Fix duplicates by christinehc · Pull Request #131 · PNNL-CompBio/srpAnalytics

christinehc · 2026-02-19T23:18:37Z

Note: IN PROGRESS

Ideally, I would like to update the build manifest to fully use figshare files, but not all github data has been uploaded to figshare yet. However, if we want to merge changes and open a separate branch to update the manifest, that's fine too.

Summary

Fixes duplication of Sample_ID and updates pipeline to fully produce zebrafish benchmark dose curve response files using new data files.
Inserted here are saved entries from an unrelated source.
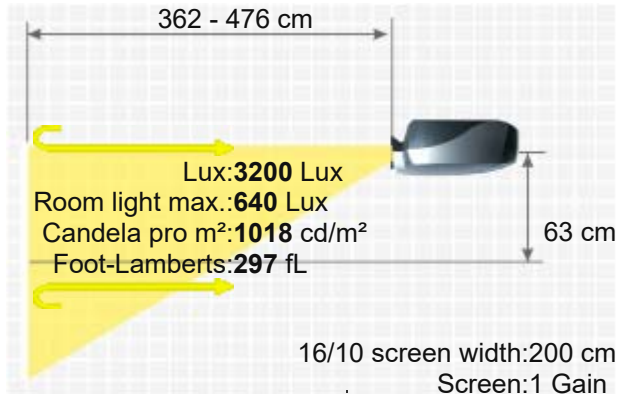

Illumination

-
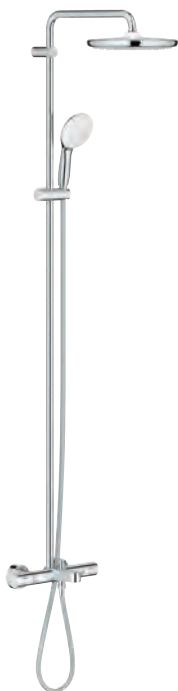

Kolor

Cena (PLN)
netto

nowość

26 672 001
26 672 2431

chrom
matte black

2 330,00
3 030,00

Tempesta System 250

System wannowo-prysznicowy z termostatem do montażu ściennego
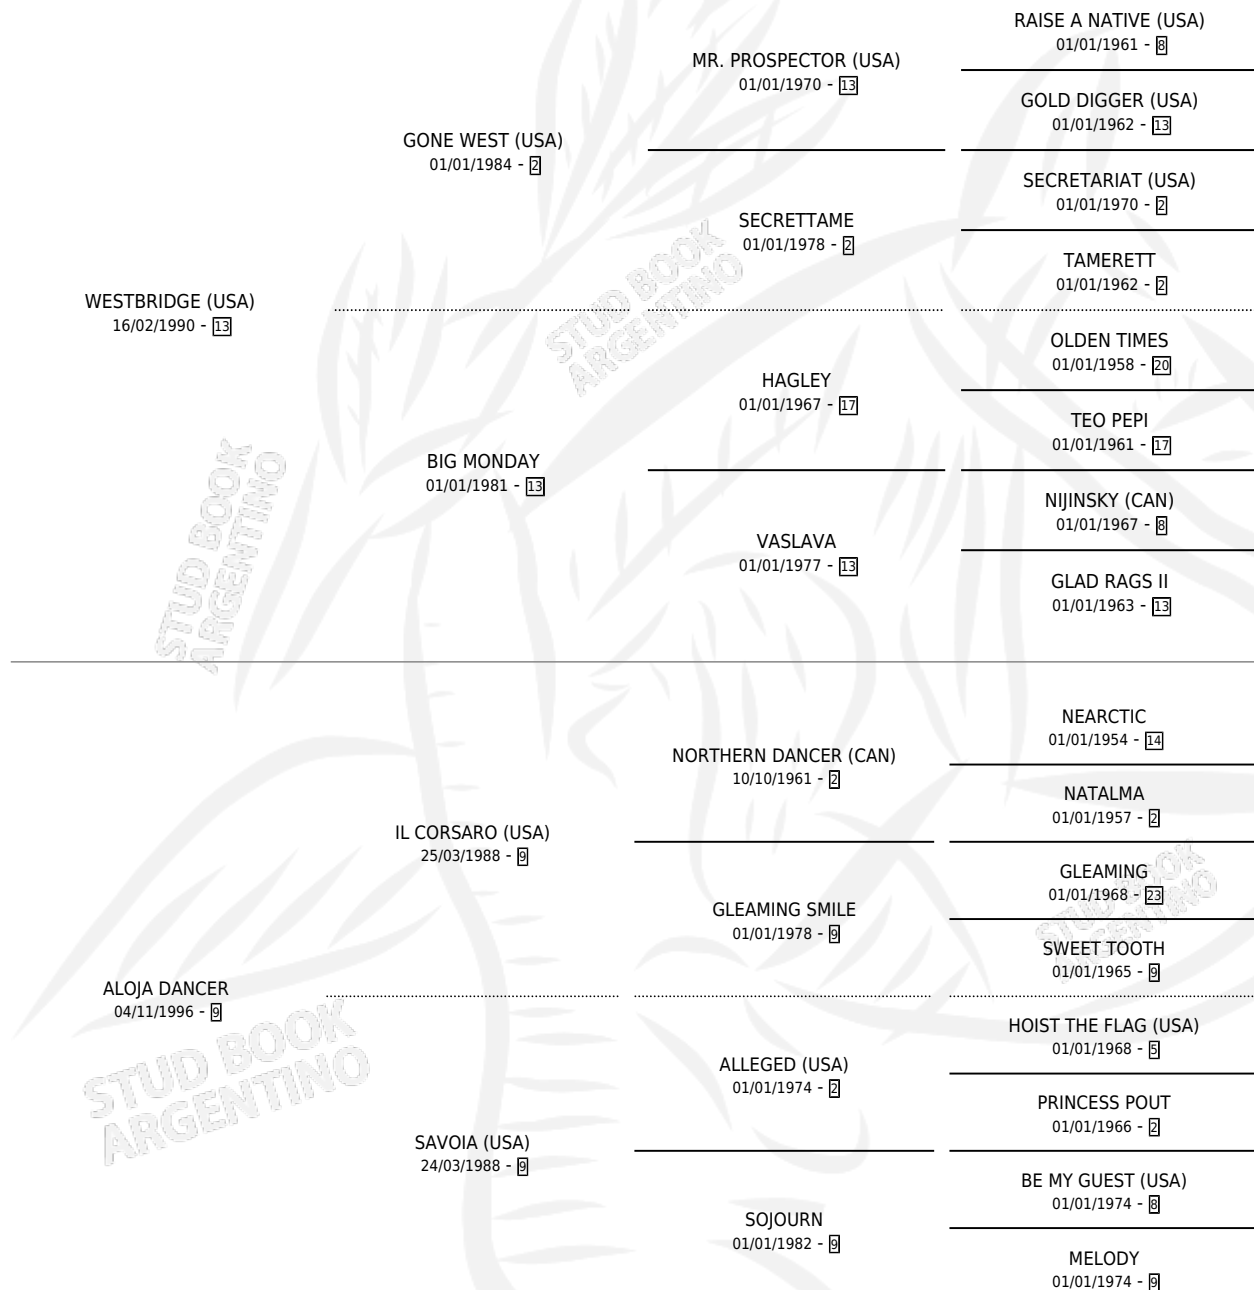

# LEJANA BRIDGE

por WESTBRIDGE (USA) y ALOJA DANCER por IL  
CORSAO (USA)

Argentina · Hembra · Zaino · SP · 13/09/2000  
Familia 9-e · Volumen 37

## ESTADO

TIPIFICACIÓN SANGUÍNEA	✓
TIPIFICACIÓN POR ADN	✓
PASAPORTE	X
IDENTIFICACIÓN POR MICROCHIP	X
REPRODUCTOR	✓

**Lugar de nacimiento:** Las Telas  
**Criador:** Firmamento

~
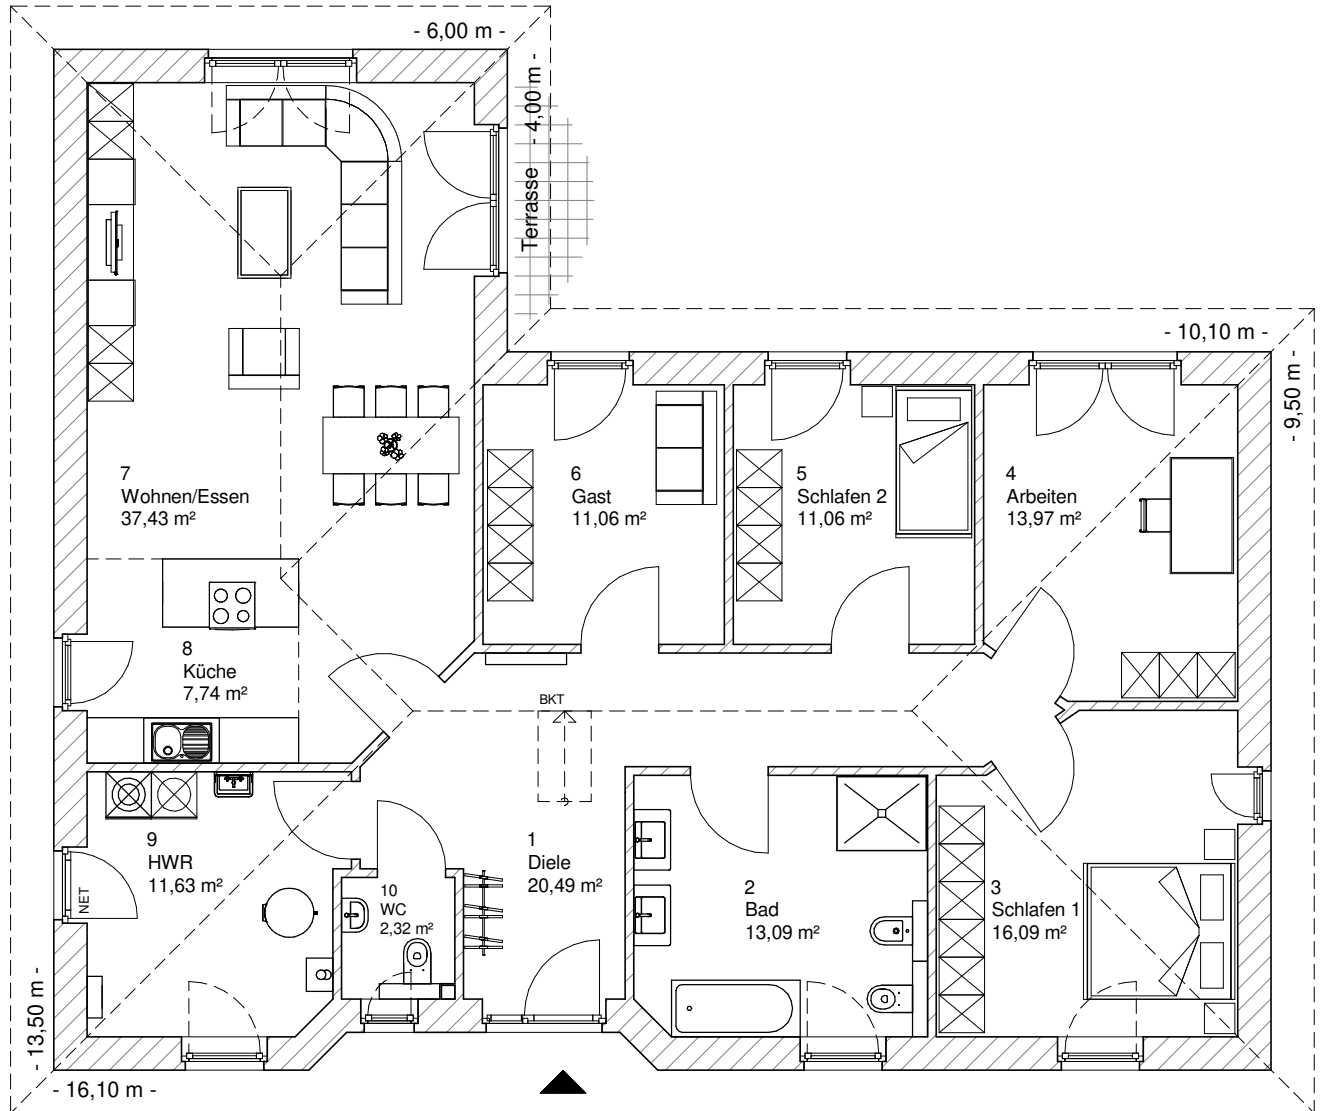

4.4.9

ERDGESCHOSS

144,90 m²

**TEAM
MASSIVHAUS**

Ihr Schlüssel zum Traumhaus

Team Massivhaus GmbH

Hollerstraße 128 Tel.: 04331/33110-0

24782 Büdelsdorf Fax: 04331/33110-9

www.team-massivhaus.de

Die Zeichnungen enthalten Sonderausstattungen!

Maßstab 1 : 100

4.4.9

ANSICHTEN

**TEAM
MASSIVHAUS**

Ihr Schlüssel zum Traumhaus

Team Massivhaus GmbH
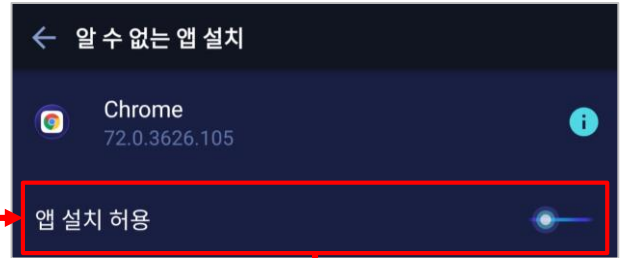

청강문화산업대학교 전자출석관리
App 설치

↓

청강문화산업대학교 전자출결관리 사용을 위해
아래 장치에 맞는 App을 설치하시기 바랍니다.

iPhone 및 iPad 용
다운로드 및 설치

Android 용
다운로드 및 설치

이러한 형식의 파일은 기기를 손상시킬 수 있습니다. abydos-ready-android_ck_release_v_1.0.0-prod.apk(를) 다운로드하시겠습니까?

취소 **확인**

Android 설치/설정 매뉴얼 (Ver. 6.0~8.0)

설정이 안되었을 경우
App 실행 시 팝업발생

“알 수 없는 App 설치”
허용 설정

Android 설치/설정 매뉴얼 (Ver. 6.0~8.0)

설치 선택
App 설치 완료 진행

Android 설치/설정 매뉴얼 (Ver. 6.0~8.0)

The login screen for the 'READY' app. It features the 'READY' logo at the top. Below the logo, there is a warning message: '보안이 우려되는 스마트기기는 사용하지 마시기 바랍니다.' (We recommend not using smart devices where security is a concern). Below the warning, there are two input fields: 'ID' and 'Password'. Both fields are highlighted with a red box. Below the input fields is an orange 'LOGIN' button.
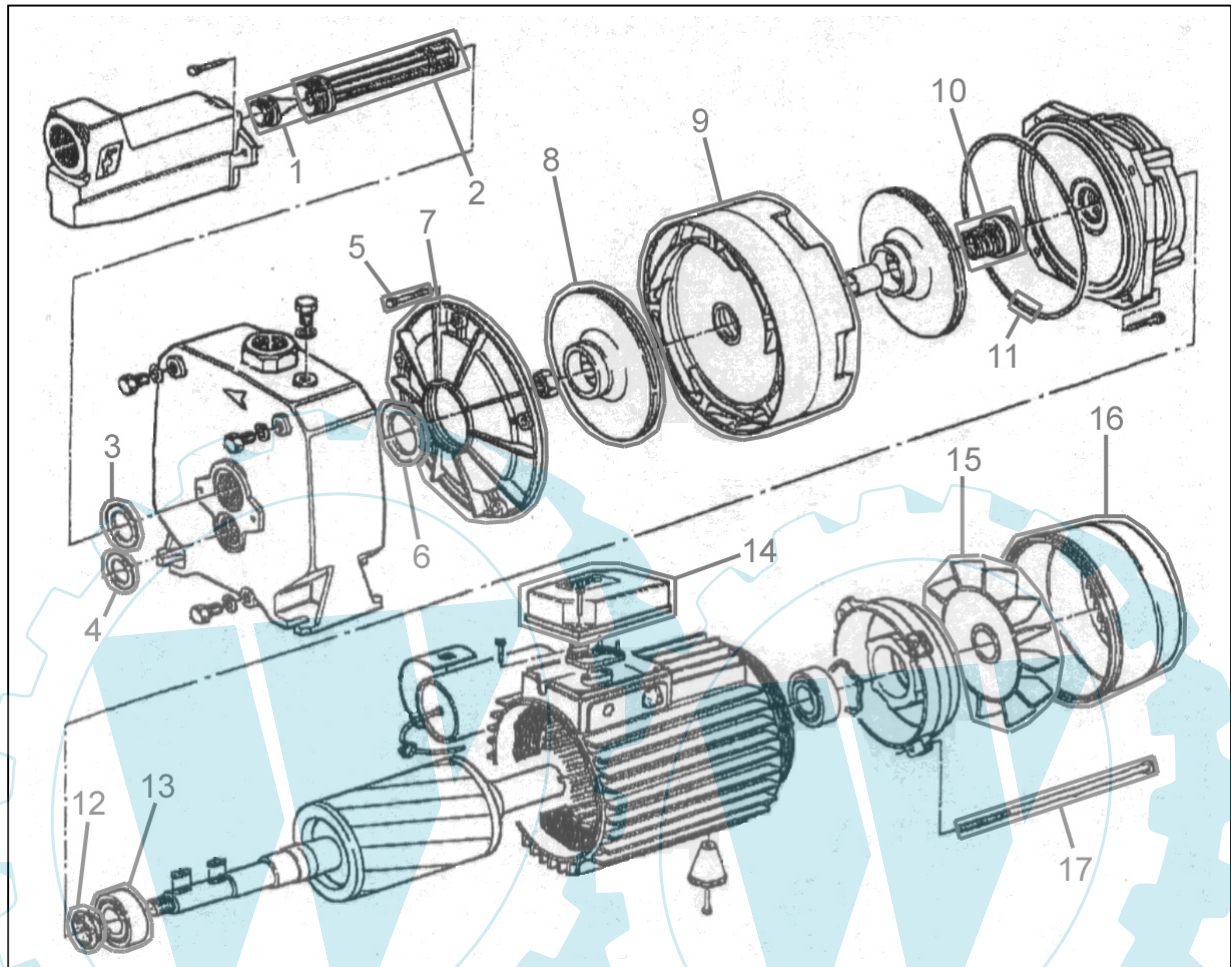

94197

94197

Pos.-Nr.	Ersatzteil-Nr.	Bezeichnung	Pos.-Nr.	Ersatzteil-Nr.	Bezeichnung
001	94192-02012	Venturidüse	010	94192-02013	Mechanische Dichtung
002	94192-02011	Venturirohr	011	94192-02030	O-Ring groß
003	94192-02035	Flachdichtung / 55	012	94192-02020	Spritzring
004	94192-02034	Flachdichtung	013	94192-02022	Kugellager / 6204
005	94192-02040	Schraube M5x60	014	94192-02019	Klemmkasten
006	94192-02033	O-Ring	015	94192-02016	Lüfterrad
007	94192-02006	Deckel für Leitrad	016	94192-02017	Lüfterradabdeckung
008	94192-02005	Laufrad	017	94192-02025	Zugstange
009	94192-02007	Leitrad / 2-teilig			
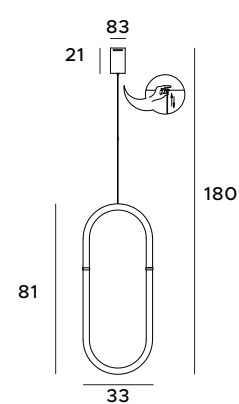

P0429D

1x15W 1050lm CRI 90 3000K

złote	gold
stal nierdzewna, szkło acrylowe, silikon	stainless steel, acrylic glass, silicon
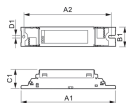

Scheda tecnica Philips HF-S 254 TL5 II 220-240V 50/60Hz

[Visualizza il prodotto](#)

Product Details

Quantità confezione bulk 12

Dati tecnici

SKU	180515
EAN	8711500999382
Marca	Philips
Nome del fabbricante	HF-S 254 TL5 II 220-240V 50/60Hz
Garanzia Totale di Lampadadiretta	1 anno
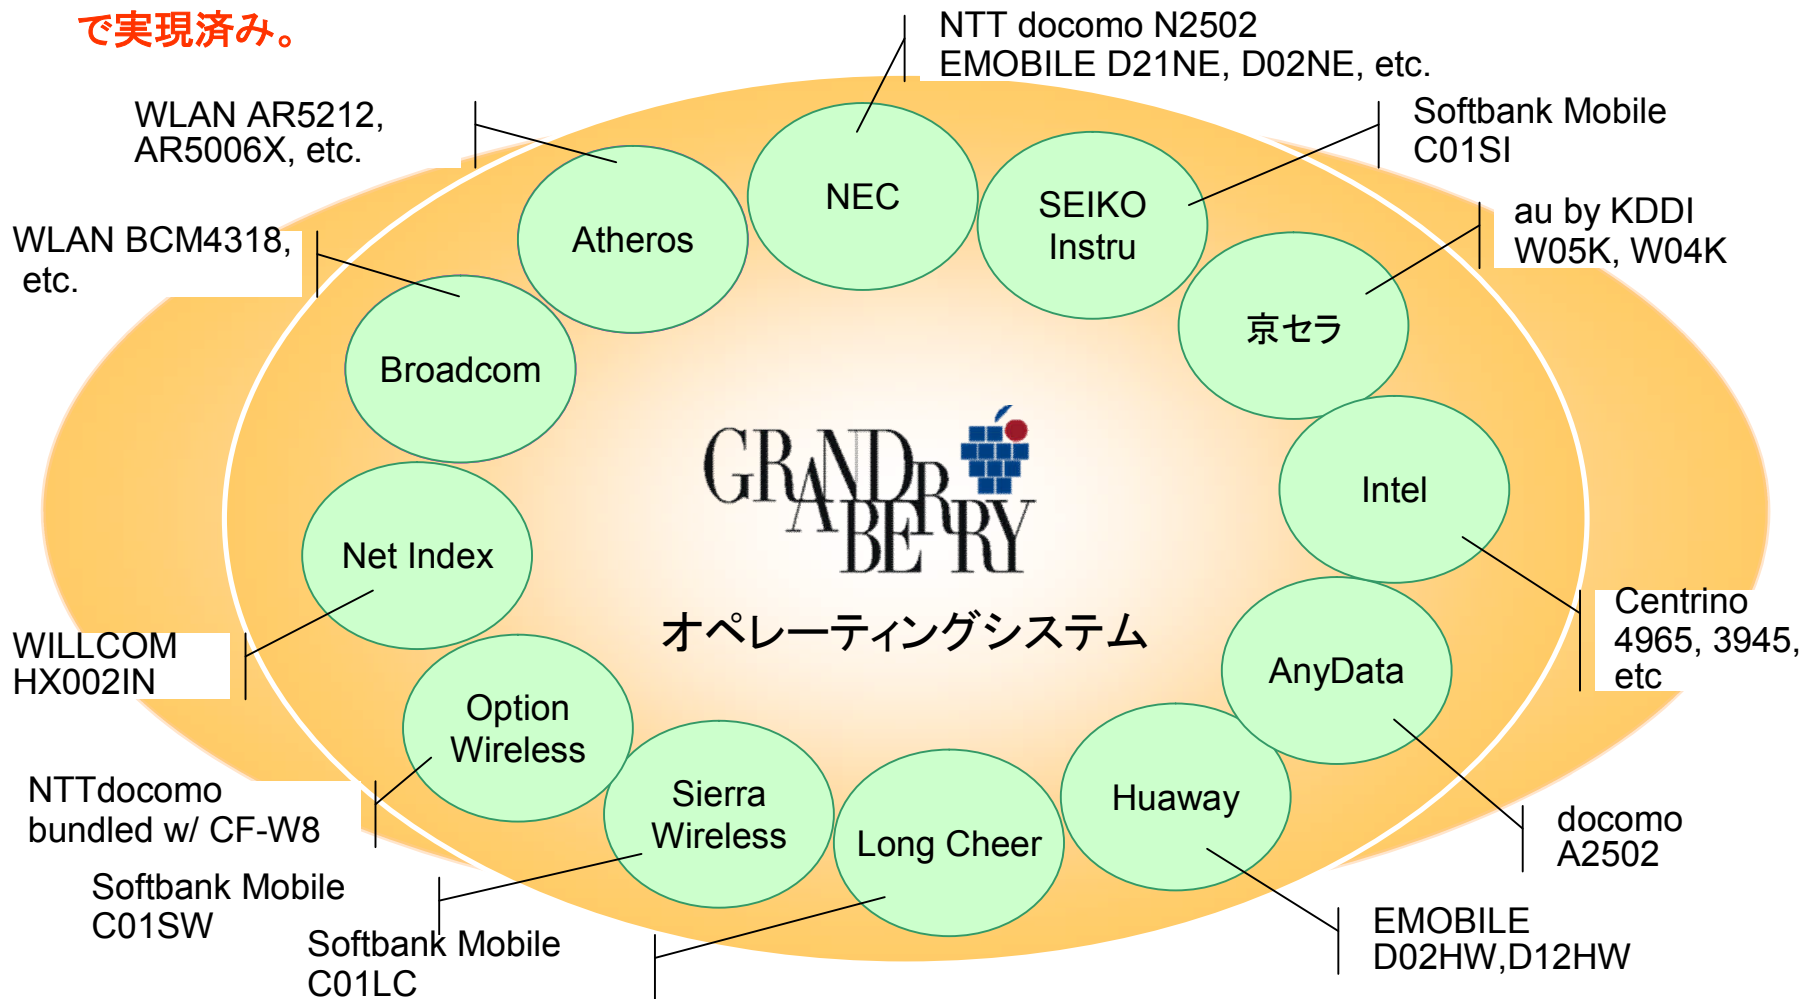

GRAND BERRYの優位性<ブロードバンド通信環境>

既に、次の高速データ通信カード、無線LANカードの世界主要メーカーとの対応を、デバイスドライバで実現済み。

今後、モバイルWiMax、HSPA、LTE、次世代PHS、UMBに対応予定。
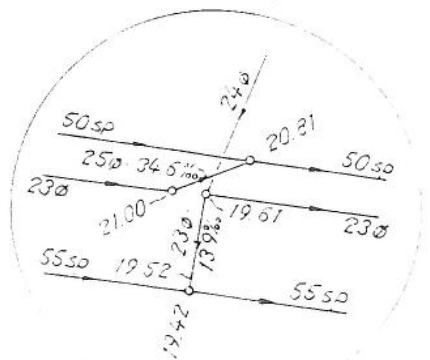

Husum under København

75250

Niels Bohrs Alle /
Gladsaxevej

SPILDEVANDSPLAN

GI
JA

Includes several QOL improvements to the code.

Changelog

Fixes error that was creating too many unique Sample_IDs from non-unique samples (i.e. duplicates)
Loads (most) data from figshare
Checks schemas for output data, including zebrafish. Updated zebrafish schemas accordingly, using the is_a construct as a template for Dose, Fits, and BMD types.
Tests BMDRC pipeline on actual data. Note that BMDRC package has undergone updates accordingly to ensure congruence with the pipeline.
Updates ontology mappings
Adds link to chemical structure figure for portal
Fixes figshare uploading so that files are fully uploaded and downloadable
Adds DataLoader class to handle data loading, from figshare or otherwise
Adds DataManifest class to handle interaction with build manifest (data/srp_build_files.csv), including handling file versions
Changes sigGeneStats to new longer format (NOTE: sigGeneStats does not appear to be used in the pipeline currently, potentially need to fix?)
Minor changes: improved formatting, refactored code for readability, added full documentation, added secrets, update schema

Issues

Fixes Validate ontology links #107
Fixes Handle problematic (null/duplicate) values #102
Fixes Add chemical structure PNG links #109
Fixes Evaluate and integrate bmdrc pipeline with real data #111
Addresses Add endpoint metadata mapping to pipeline #106
Addresses Update zf data schemas #110
Addresses Resolve figshare upload error #105
Fixes Incorporate zebrafish sample data into pipeline #115
Fixes Update pipeline with new data files #103
Addresses Fix LinkML schema to handle NULL values #121
Fixes Add columns to samplesToChemicals #119
Fixes Pipeline output changes #118
Fixes Add Response column to Fits data #130
Fixes Necessary Changes to sigGeneStats #120

changelog: - previously, unique sample IDs were being assigned to samples with the same metadata parameters due to improper grouping of duplicate samples. The code has been updated to correct sample ID assignment to require uniqueness.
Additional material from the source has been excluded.